[jax2tf] Adjust jax2tf for the pjit==jit API migration.

jax2tf treats jit and pjit differently: jit was inlined while pjit resulted in a recursive call to _interpret_jaxpr. This resulted in differences of handling of constant sharing. This PR actually makes the constant sharing more aggressive.

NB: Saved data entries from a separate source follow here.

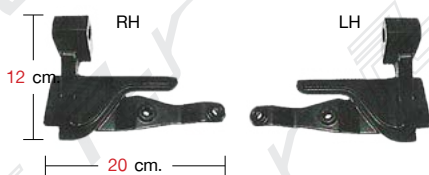

FRONT PANEL HINGE LH/RH '03
บานพับแผงหน้า ซ้าย/ขวา ปี 2003

CD99-02-009-MD 24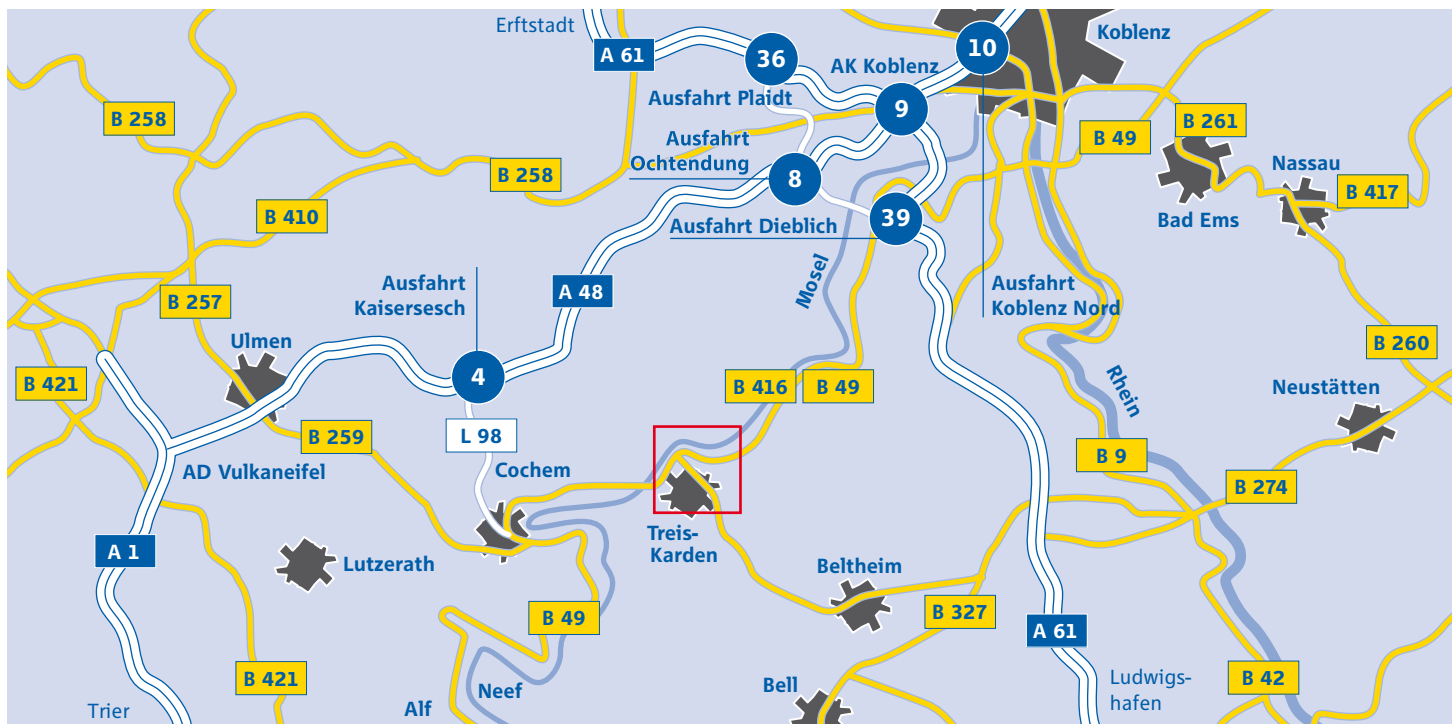

KRAFTWERK MÜDEN

So finden Sie uns.

Mit dem Auto ...

... von Cochem bzw. moselaufwärts:

- Auf der B 416 in Richtung Koblenz fahren. Das Kraftwerk liegt direkt an der Bundesstraße.

... von Kobern-Gondorf bzw. moselabwärts:

- Auf der B 416 in Richtung Cochem fahren. Das Kraftwerk liegt direkt an der Bundesstraße.

Mit der Bahn ...

- Bis Bahnhof Müden und dann mit dem Taxi zum Kraftwerk.
- Fahrplanauskunft: www.bahn.de

Kraftwerk Müden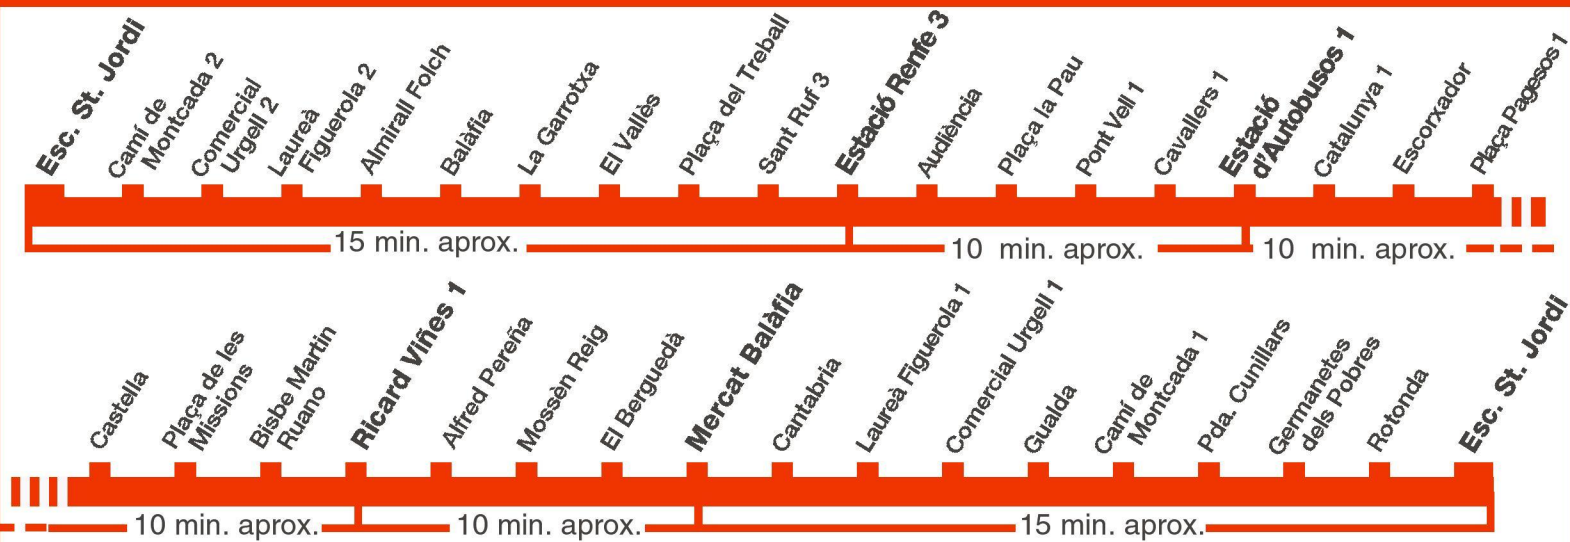

L8 Balàfia - Gualda

Final de servei a **ESTACIÓ D'AUTOBUSOS 1.**

108

Feiners		Dissabtes					Festius					
Freqüències		7.55	8.45	9.40	10.35	11.30	7.50	8.50	9.20	9.50	10.20	10.50
7.15 - 20.55	cada 20 minuts	12.25	13.20	14.15	15.10	16.05	11.20	11.50	12.20	12.50	13.20	13.50
20.55 - 21.55	cada 10 - 15 min.	17.00	17.55	18.50	19.45	20.40	14.20	14.50	15.40	16.30	17.20	18.10
		21.35	22.20				19.00	19.50	20.40	21.30	22.20

This should be Ok, because we are only sharing non-scalars which JAX has already lifted to the top-level of the Jaxpr.
2025-04-19 05:16:06 +00:00 · 2023-01-17 12:15:01 +02:00 · 2023-01-17 12:15:01 +02:00 · 97b58bfae7
commit 97b58bfae7
parent 469a8eb520
3 changed files with 36 additions and 27 deletions
--- a/jax/experimental/jax2tf/jax2tf.py
+++ b/jax/experimental/jax2tf/jax2tf.py
@ -761,16 +761,18 @@ def _call_wrapped_with_new_constant_cache(fun: lu.WrappedFun,
                                          ) -> Sequence[Tuple[TfVal, core.ShapedArray]]:
  try:
    prev_constant_cache = _thread_local_state.constant_cache
-    prev_constant_cache_keys = set(prev_constant_cache.keys()) if prev_constant_cache is not None else set()
    # Start a new cache, so that we don't share constants across tf.function
    # boundaries.
    if fresh_constant_cache:
      _thread_local_state.constant_cache = {}
-
+    else:
+      prev_constant_cache_keys = set(prev_constant_cache.keys()) if prev_constant_cache is not None else set()
    out_vals: Sequence[Tuple[TfVal, core.ShapedArray]] = \
        fun.call_wrapped(*in_vals)
  finally:
-    if prev_constant_cache is not None and not fresh_constant_cache:
+    if (not fresh_constant_cache and
+        prev_constant_cache is not None and
+        _WRAP_JAX_JIT_WITH_TF_FUNCTION):
      newly_added_keys = set(prev_constant_cache.keys()) - prev_constant_cache_keys
      # Delete the newly added keys
      for k in newly_added_keys:
@ -940,10 +942,14 @@ def _tfval_to_tensor_jax_dtype(val: TfVal,
    # JAX has the same problem when generating HLO.
    const_key = (id(val), jax_dtype)
    # Since we use id(val) as a cache key, we have to make sure that we keep
-    # the previous `val` alive. Otherwise, for an ndarray, it can get garbage
+    # the previous `val` alive. Otherwise, for a ndarray, it can get garbage
    # collected and reused for a different value, which would create correctness
    # issues. We keep the `val` alive by storing in the cache the pair
    # `(val, tf_val)`.
+    # Only memoize non-scalars. JAX will lift all non-scalar constants as
+    # Jaxpr consts, to the top level of the Jaxpr. This ensures that we see them
+    # early, when entering the Jaxpr, so we create the tf.const early and its
+    # scope is the entire Jaxpr.
    do_memoize = (memoize_constants and np.shape(val) and _thread_local_state.constant_cache is not None)
    if do_memoize:
      _, tf_val = _thread_local_state.constant_cache.get(const_key, (None, None))
--- a/jax/experimental/jax2tf/tests/jax2tf_test.py
+++ b/jax/experimental/jax2tf/tests/jax2tf_test.py
@ -889,8 +889,9 @@ class Jax2TfTest(tf_test_util.JaxToTfTestCase):
    if config.jax2tf_default_experimental_native_lowering:
      self.assertIn("my_test_function_jax/mul", self.TfToHlo(run_tf))
    else:
-      self.assertIn("my_test_function_jax/jit_fn_/Mul",
-                    str(tf.function(run_tf, autograph=False).get_concrete_function().graph.as_graph_def()))
+      graph_def = str(tf.function(run_tf, autograph=False).get_concrete_function().graph.as_graph_def())
+      if "my_test_function_jax/pjit_fn_/Mul" not in graph_def:
+        self.assertIn("my_test_function_jax/jit_fn_/Mul", graph_def)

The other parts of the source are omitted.